(Excerpts from a dataset)
= = = = =

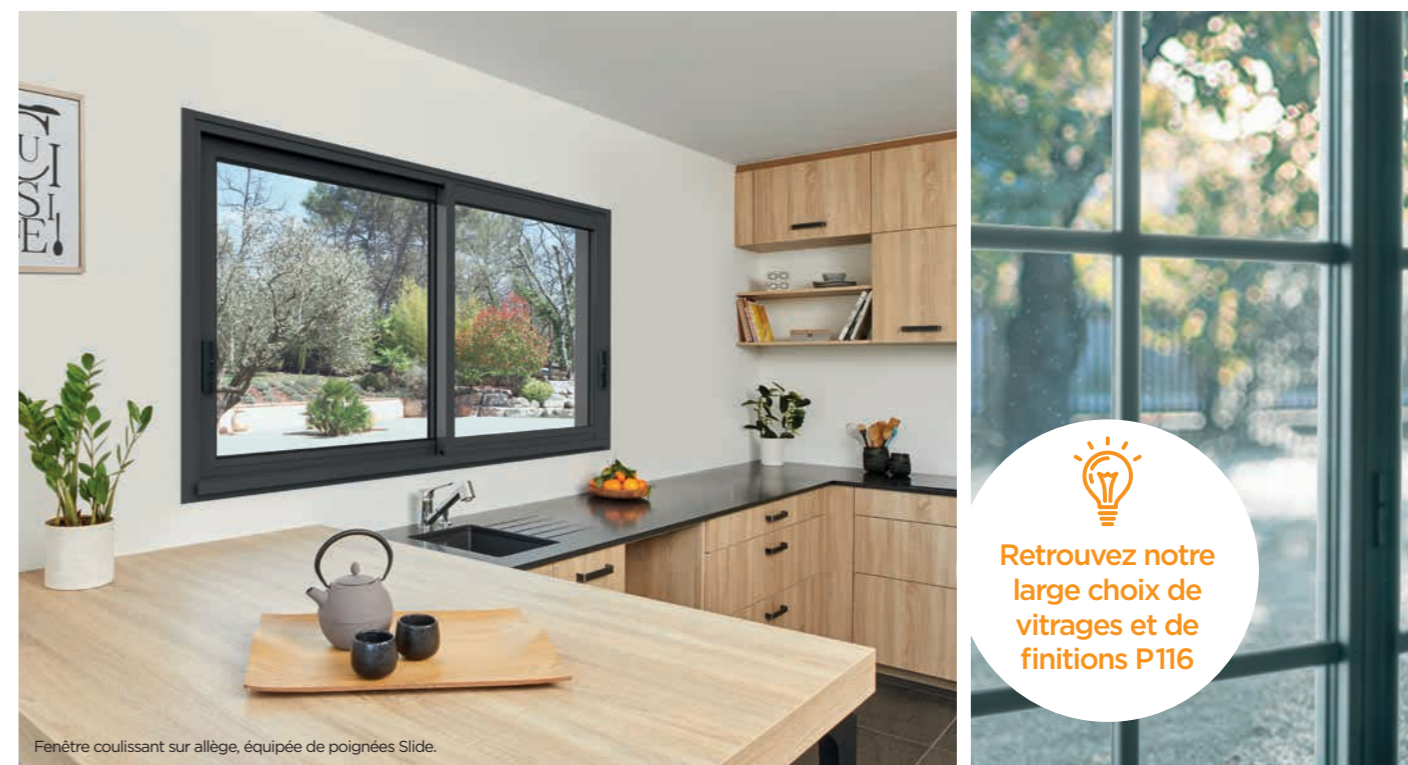

LES OPTIONS DE QUINCAILLERIE

FENÊTRES COULISSANTES SUR ALLÈGE HAUTEUR < À 1650 MM

	VANTAIL PRINCIPAL	VANTAIL SECONDAIRE	VANTAIL PRINCIPAL	VANTAIL SECONDAIRE	VANTAIL PRINCIPAL	VANTAIL SECONDAIRE
Crémone à crochets, bidirectionnelle ○ ● ●	STANDARD 2 x Slide		OPTION 2 x Easy 2		OPTION Easy 2 + Slide	

BAIES COULISSANTES HAUTEUR > À 1650 MM

	VANTAIL PRINCIPAL	VANTAIL SECONDAIRE	VANTAIL PRINCIPAL	VANTAIL SECONDAIRE	VANTAIL PRINCIPAL	VANTAIL SECONDAIRE	VANTAIL PRINCIPAL AVEC SERRURE VUE EXTÉRIEURE
Crémone à crochets, bidirectionnelle ○ ● ●	STANDARD Easy2 + Slide		OPTION 2 x Easy2		OPTION 2 x Slide		OPTION Easy2 serrure

DÉCLINAISONS COULEUR

Retrouvez notre large choix de vitrages et de finitions P116
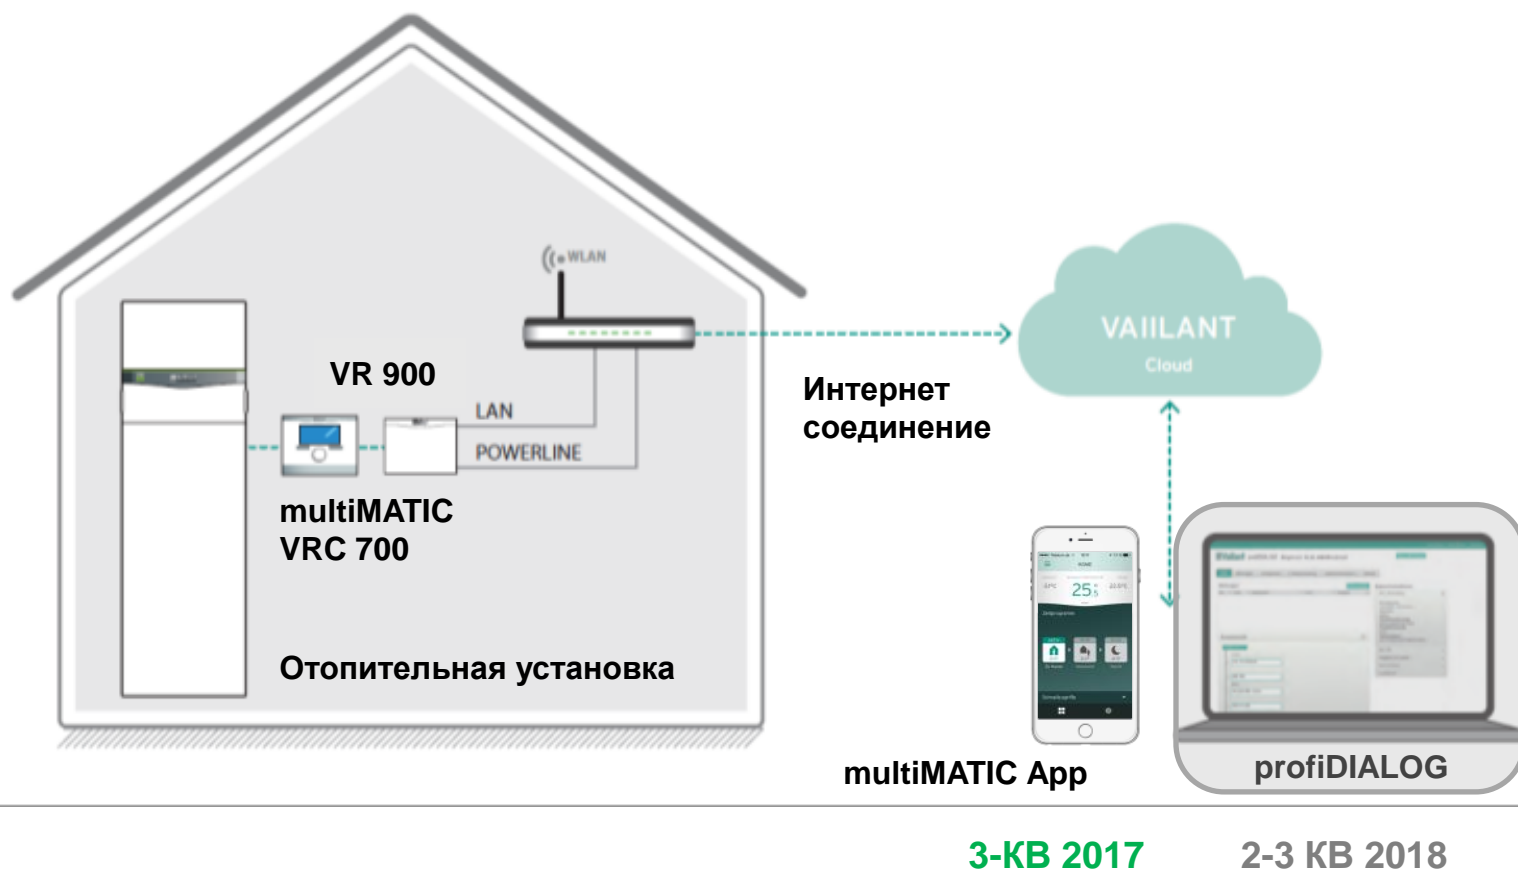

Коммуникационный модуль VR 900

Boiler-Gas.ru

[Перейти на сайт](#)

Удаленный доступ к контроллеру multiMATIC VRC 700

VR 900 можно использовать исключительно **для** отопительных **систем** на базе устройств Vaillant **с шиной e-Bus** !

VR 900 – Описание подключений

Коммуникационный модуль использует 24В питание при помощи входящего в комплект адаптера

Светодиод состояния, отображающий статус соединения и работы

Для подключения модуля к отопительной установке используется шина e - Bus

Деактивировано для РФ

Настенная пластина позволяет быстро устанавливать и снимать модуль

Для подключения к интернету используется обычный сетевой LAN кабель.

Общее время монтажа и подключения составляет ~ 3-5 мин.
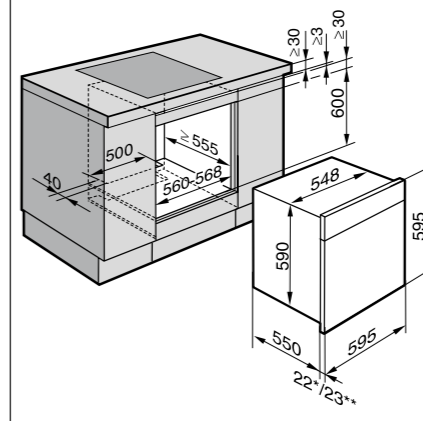

DGC 6860 X, 68 literes belső tér

*Készülékek üveg előlappal
**Készülékek fém előlappal
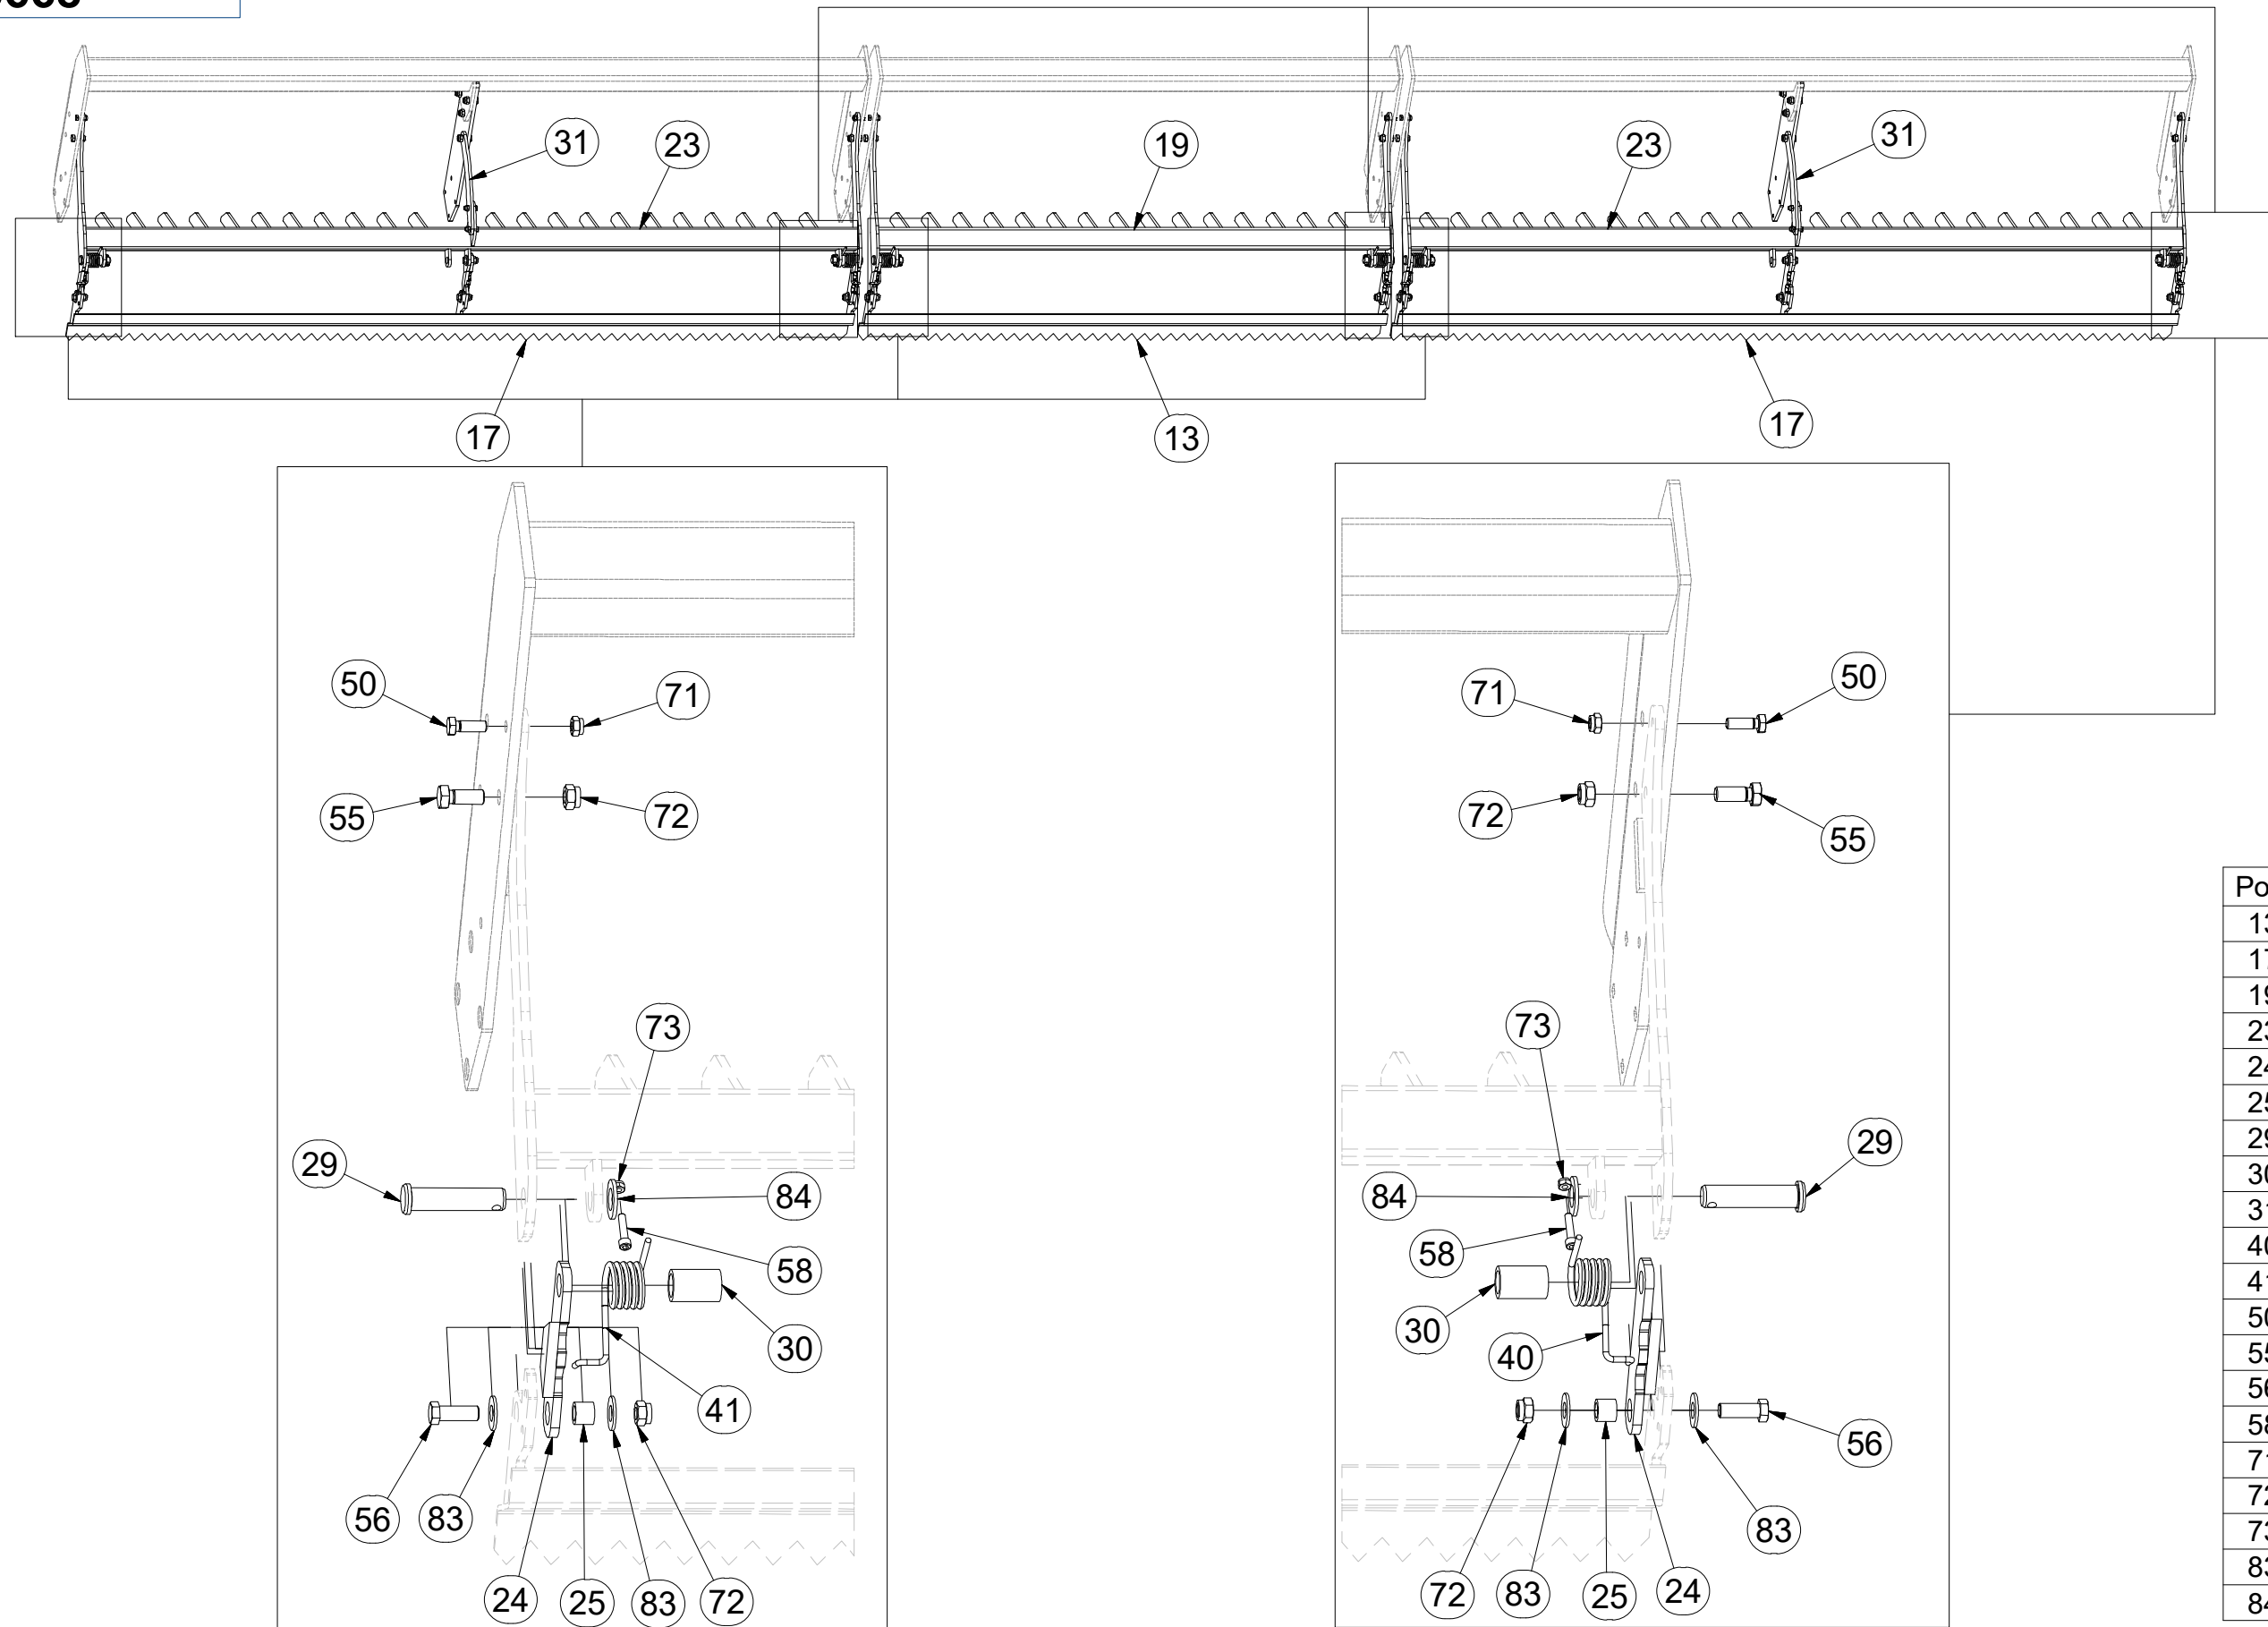

CZ SADA ZADNÍCH VÁLCŮ
D SATZ HINTERE WALZEN
F KIT DE ROULEAUX ARRIÈRE

GB SET OF REAR ROLLERS
RU КОМПЛЕКТ ЗАДНИХ КАТКОВ
PL ZESTAW TYLNYCH WAŁÓW

3008668

Pos.	Part Number	Pcs.
13	3001672	1
17	3002867	2
19	3004896	1
23	3007383	2
24	4002269	8
25	4004451	10
29	4015778	6
30	9002979	6
31	4013508	2
40	m12303	3
41	m12304	3
50	m04343	6
55	m01129	8
56	m02254	18
58	m09464	6
71	m04301	10
72	m03683	26
73	m04503	6
83	m05651	20
84	m14028	6
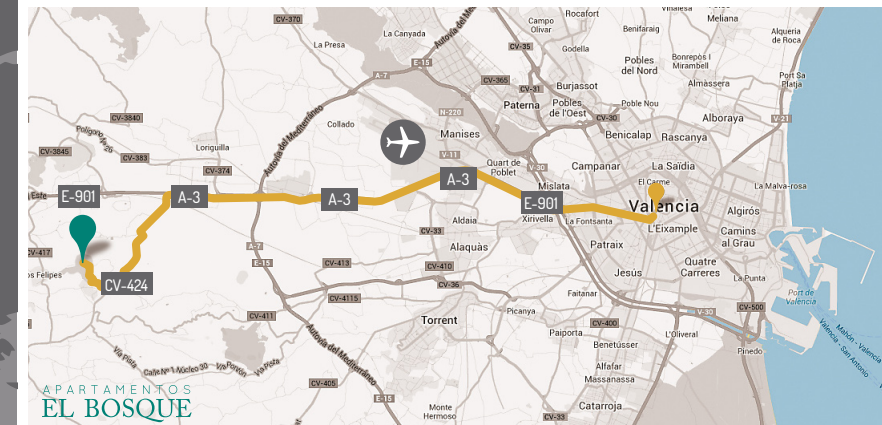

Ubicación Location

Nuestros apartamentos están situados en un lugar estratégico, a 5 minutos del Circuito Ricardo Tormo de Cheste, a 10 minutos del Aeropuerto de Valencia, a 15 minutos de Valencia y a 20 minutos de las playas y el recinto ferial.

Our apartments are strategically located, 5 minutes to the Ricardo Tormo Circuit in Cheste, 10 minutes to Valencia International Airport, 15 minutes to Valencia and 20 to the beach and the trade exhibition.

i
Autovía A-3, salida 337
Carretera de Godelleta, Km 4,1
46370 Chiva, Valencia (Spain)
Coordenadas GPS:
39° 26' 56" N / 0° 37' 27" OE

Seguridad Security

La urbanización está cerrada y con vigilancia las 24 horas.

= = = = =

ACTION ITEM: Show every line above in which the word "Ricardo" occurs.

ANSWER TO THIS TASK:
Nuestros apartamentos están situados en un lugar estratégico, a 5 minutos del Circuito Ricardo Tormo de Cheste, a 10 minutos del Aeropuerto de Valencia, a 15 minutos de Valencia y a 20 minutos de las playas y el recinto ferial.
Our apartments are strategically located, 5 minutes to the Ricardo Tormo Circuit in Cheste, 10 minutes to Valencia International Airport, 15 minutes to Valencia and 20 to the beach and the trade exhibition.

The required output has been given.